Exercise instructions :: Keep the images out while you retype all of the data exactly.

Collection entries:
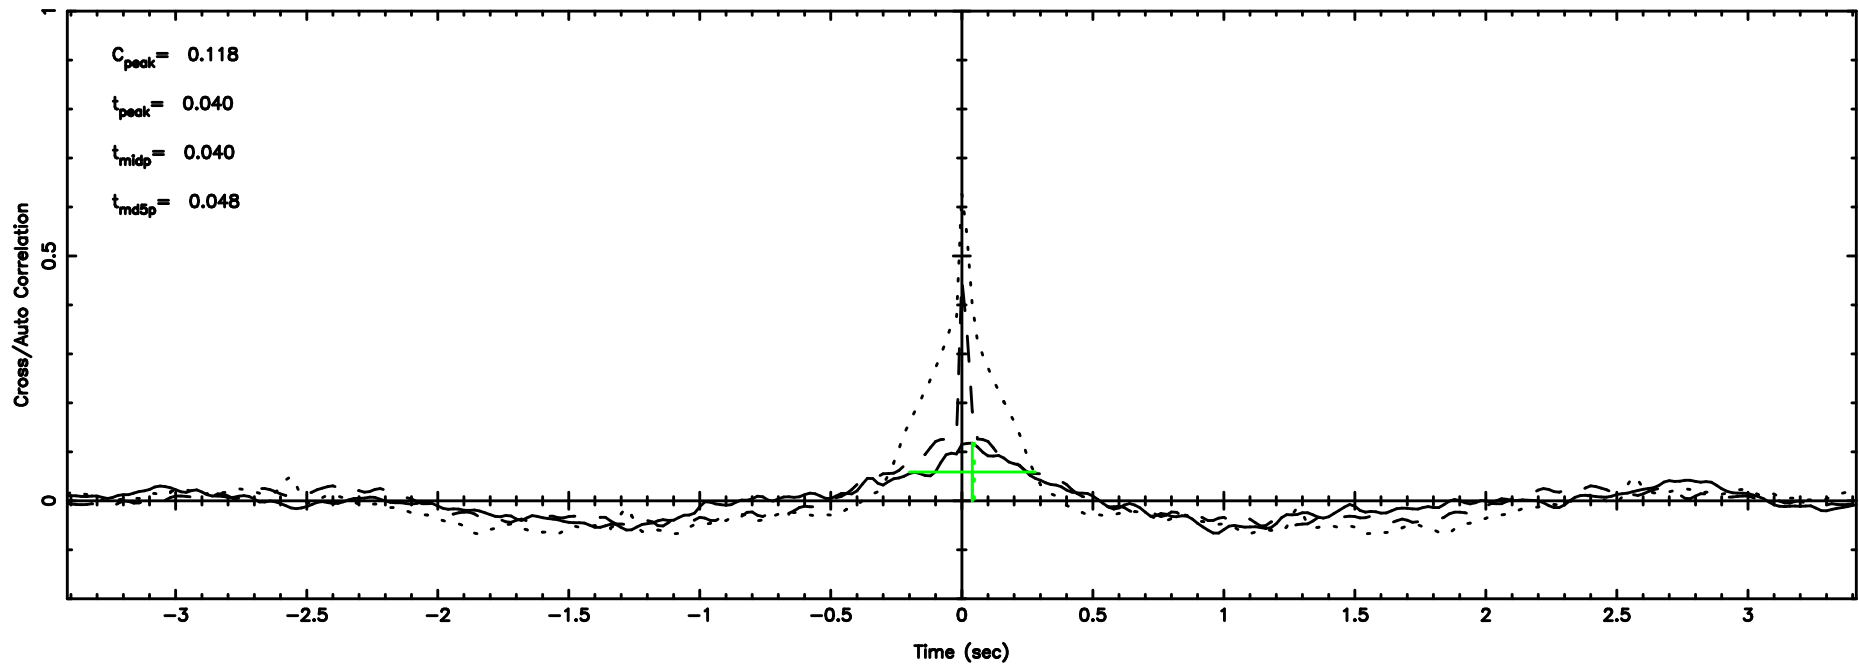

Frequency (Hz)

F20240702154027

BLK:15,SNR1: 1.1715 ,SNR2: 4.0465

Frequency (Hz)

1031-11 2024/07/02 6.70UT TOYOKAWA-FUJI

T20240702154025

BLK:12,SNR1: 0.22181 ,SNR2: 1.4006

K20240702154023

Task response ::
Frequency (Hz)

F20240702154027

BLK:15,SNR1: 1.1715 ,SNR2: 4.0465

Frequency (Hz)

1031-11 2024/07/02 6.70UT TOYOKAWA-FUJI

T20240702154025

BLK:12,SNR1: 0.22181 ,SNR2: 1.4006

K20240702154023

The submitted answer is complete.